» **Required action**
Check every line below for the word "Watt" and copy each one that has it.

[Recorded data]
────────────────

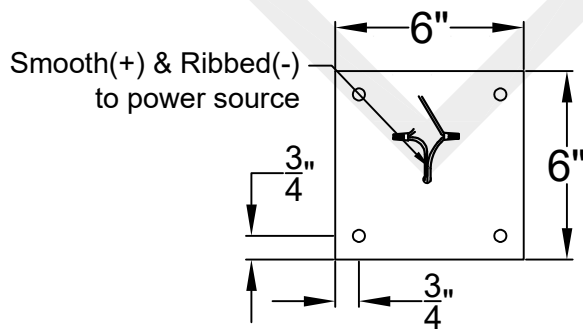

BILOXI MINI CEILING MOUNT HALF YOKE

Front View

Side View

Ceiling Mount

St. James
LIGHTING

SCALE: N.T.S.	DRAFT: T. Herring
FILE: BILMINI	APP'D: J. Ragan
JOB: X	DATE: 4-21-2023

Lights are handcrafted.
Dimensions may vary by 1/4"

Mini not Available in Gas

UL Certified
Candelabra- Max 60 Watt Bulb
Edison- Max 660 Watt Bulb

BILOXI SMALL CEILING MOUNT HALF YOKE

Shortest Height $30\frac{5}{8}$ "
Available w/ Solid or
Glass Top

Front View

Side View

Ceiling Mount

St. James
LIGHTING

SCALE: N.T.S.	DRAFT: M. Buckley
FILE: BILS	APP'D: J. Ragan
JOB: X	DATE: 3/22/24

Lights are handcrafted.
Dimensions may vary by 1/4"

B.T.U. Rating
Natural Gas: 2730 B.T.U.
Propane: 2080 B.T.U.

────────────────

» **Exercise answer**
Candelabra- Max 60 Watt Bulb
Edison- Max 660 Watt Bulb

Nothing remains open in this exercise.